A week later Birse told me that the congregation had decided to regard the incident as adding lustre to their kirk. This was largely, I fear, because it could then be used to belittle the Established minister. That fervent Auld Licht, Snecky Hobart, feeling that Gavin’s action was unsound, had gone on the following Sabbath to the parish kirk and sat under Mr. Duthie. But Mr. Duthie was a close reader, so that Snecky flung himself about in his pew in misery. The minister concluded his sermon with these words: “But on this subject I will say no more at present.” “Because you canna,” Snecky roared, and strutted out of the church.
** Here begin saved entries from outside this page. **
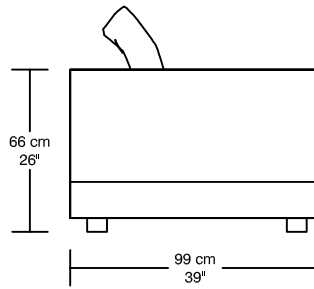

WILLIAM¹⁹⁸⁷

PANAMA Tissus / Fabric

*Les dimensions peuvent varier / Dimensions may vary

Légende / Legend : Dossier / Back Bras / Arm Plateforme/Platform

WILLIAM 1987

PANAMA Tissus / Fabric

Height : 40 cm / 16"

*Les dimensions peuvent varier / Dimensions may vary
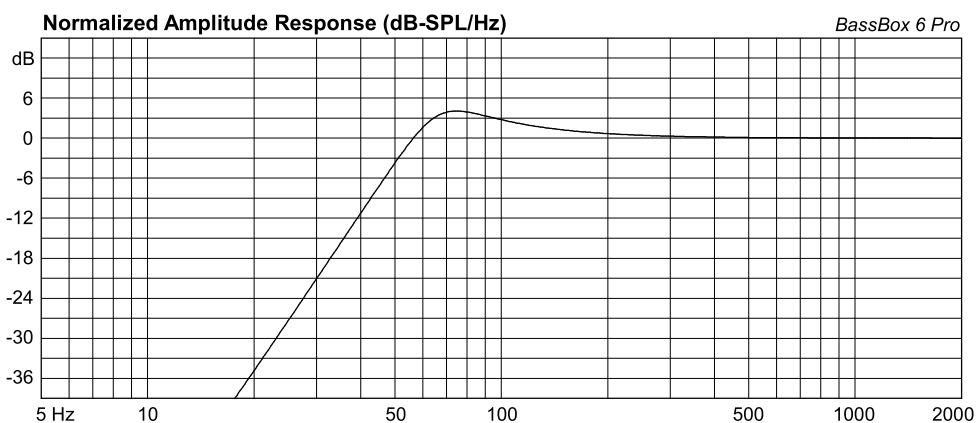

Projeto sugestivo, poderá sofrer alteração sem aviso prévio.

SINTONIA	62 hz
VOLUME	77 litros
HPF	58 hz
MADEIRA	18 mm
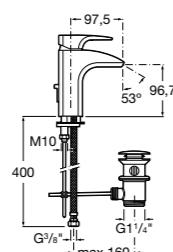

Thesis

5A3050C00 Смеситель для раковины с ограничителем потока на 6 л/мин, донным клапаном и гибкой подводкой.

Comparing the two scenes, it is obvious that the Auld Lichts had won a victory. After preaching impromptu for an hour and twenty-five minutes, it could never be said of Gavin that he needed to read. He became more popular than ever. Yet the change of texts was not forgotten. If in the future any other indictments were brought against him, it would certainly be pinned to them.
I marvelled long over Gavin’s jump from Ezra to Genesis, and at this his first philippic against Woman, but I have known the cause for many a year. The Bible was the one that had lain on the summer-seat while the Egyptian hid there. It was the great pulpit Bible which remains in the church as a rule, but Gavin had taken it home the previous day to make some of its loose pages secure with paste. He had studied from it on the day preceding the riot, but had used a small Bible during the rest of the week. When he turned in the pulpit to Ezra, where he had left the large Bible open in the summer-seat, he found this scrawled across chapter eight:—
“I will never tell who flung the clod at Captain Halliwell. But why did you fling it? I will never tell that you allowed me to be called Mrs. Dishart before witnesses. But is not this a Scotch marriage? Signed, Babbie the Egyptian.”
Chapter Eleven.
Tells in a Whisper of Man’s Fall During the Curling Season
No snow could be seen in Thrums by the beginning of the year, though clods of it lay in Waster Lunny’s fields, where his hens wandered all day as if looking for something they had dropped. A black frost had set in, and one walking on the glen road could imagine that through the cracks in it he saw a loch glistening. From my door I could hear the roar of curling stones at Rashie-bog, which is almost four miles nearer Thrums. On the day I am recalling, I see that I only made one entry in my diary, “At last bought Waster Lunny’s bantams.” Well do I remember the transaction, and no wonder, for I had all but bought the bantams every day for a six months.
About noon the doctor’s dogcart was observed by all the Tenements standing at the Auld Licht manse.